Pov Ignis:
**I. Las Cicatrices del Amanecer**
El amanecer no llegó como un heraldo de esperanza, sino como una luz pálida y enfermiza que se arrastraba entre los pinos como un ladrón. Era un resplandor gris, sin vida, como si el sol mismo hubiera sido despojado de su vitalidad. Los sabuesos de Azazel—esas criaturas monstruosas con ojos como brasas humeantes y aliento que helaba el aire—habían desaparecido con la noche. Sin embargo, su ausencia no trajo alivio. El fuego en mi pecho aún ardía, una cosa inquieta y corrosiva que exigía liberación. Necesitaba pelear. Sentir el crujir de huesos bajo mis nudillos, el calor húmedo de la sangre en mi piel. Cualquier cosa para silenciar los recuerdos que surgían como espectros de las cenizas del orfanato.
No me atreví a mirar atrás. Detrás de mí, las llamas rugían en un lenguaje más antiguo que el tiempo, consumiendo las paredes que una vez nos habían cobijado. *Nox corriendo descalzo por los pasillos, su risa resonando como una melodía. Myrna tarareando salmos mientras limpiaba sus cuchillos, su voz un extraño consuelo en la oscuridad.* Quemarlo todo había sido un acto de cobardía, lo sabía. Pero, ¿qué más podía hacer? Cada habitación era una tumba, cada rincón un recordatorio de mi fracaso. El humo me escocía los ojos, llevando consigo el olor acre de recuerdos quemados—juguetes de madera, mantas apolilladas, el dulce aroma a cera de velas de oraciones olvidadas.
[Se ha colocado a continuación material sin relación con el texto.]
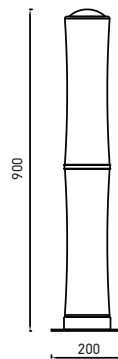

Floor Lamp Touch Dimming

- AC:220-240V,50Hz
- CRI: >80
- 120° Beam Angle
- IP Rating:IP20
- Body Type: PC
- Box Qty: 1
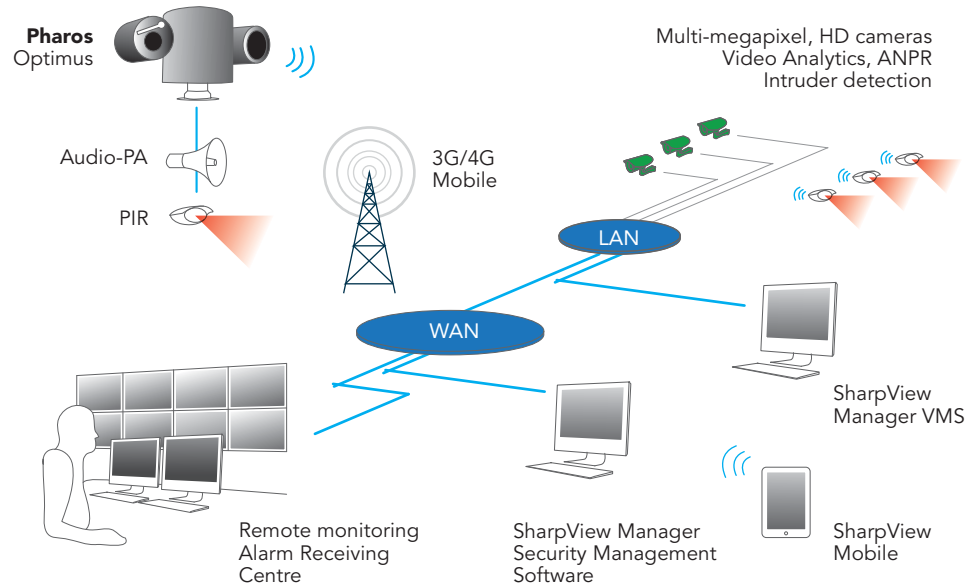

Applications:

- Building and construction sites
- City centres, housing estates
- Trackside on railways,
- Perimeter protection
- Major events; concerts, parades, etc.
- Highways and traffic monitoring
- Anti-Social Behaviour, Fly tipping
- Secure plant and equipment at large sites

Benefits:

- Crime prevention at a fraction of the price of manned guarding
- Monitor hotspots and relocate without major installation costs
- Gather vital video evidence at crime scenes in HD, MegaPixel quality
- Single access point for whole site security

Specifications:

Integrated SharpView Micro NVR with Full HD1080p camera and wireless router (WiFi, 3G, 4G, ADSL)

- Full 360° continuous pan, 320° tilt
- Maximum slew speed of 180°/s
- Record multiple HD cameras
- Integrate alarms, barriers, PA audio
- 32W typical power consumption (with single HD1080p module)
- Mains or 19-24VDC battery operated
- IP68 weatherproof, exceptional protection against corrosion
- Anodised Aluminium Enclosure
- Vandal resistant
- Extended temperature (-30°C to +55°C)

EyeLynx Limited

Trident Court,
One Oakcroft Road,
Chessington,
Surrey,
KT9 1RH, U.K

- +44 203 044 2905
- www.eyelynx.com
- sales@eyelynx.com

EyeLynx
Gather Video Intelligence Anywhere

Pharos™ Optimus ALL-IN-ONE Wireless Rapid Deployment CCTV

Pharos™ Optimus Wireless Rapid Deployment CCTV

Designed for the toughest environments, built to last
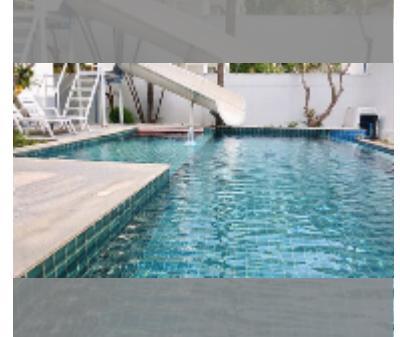

House For sale 4 bedroom 272 m² with land 272 m² in Nagawari Village, Pattaya

฿ 14,900,000

UNIT PARAMETERS:

UID	HS-5514
type	4 bedroom
size	272 m²
view	pool view
floors	3
quality	good
equipment: furniture, air conditioner, television, refrigerator	
online viewing	yes

VILLAGE PARAMETERS:

district	Na Jomtien
buildings	70
built in	2006

Una ráfaga de viento llevó un trozo de papel carbonizado a mis pies. Era una página de un libro de oraciones para niños, los bordes adornados con dibujos infantiles de margaritas. Lo recogí, mis dedos temblaban mientras trazaba las líneas chamuscadas. Por un momento, casi podía escuchar las voces de los niños que alguna vez lo habían sostenido, sus inocentes oraciones elevándose como humo hacia los cielos. Arrugué la página y la guardé en mi bolsillo, junto a la bolsa de monedas que Luna me había dejado. Su nota—*"Para gastos inesperados, cariño"*—aún conservaba el tenue aroma a jazmín, un cruel recordatorio de su ingenio afilado y su lengua aún más afilada.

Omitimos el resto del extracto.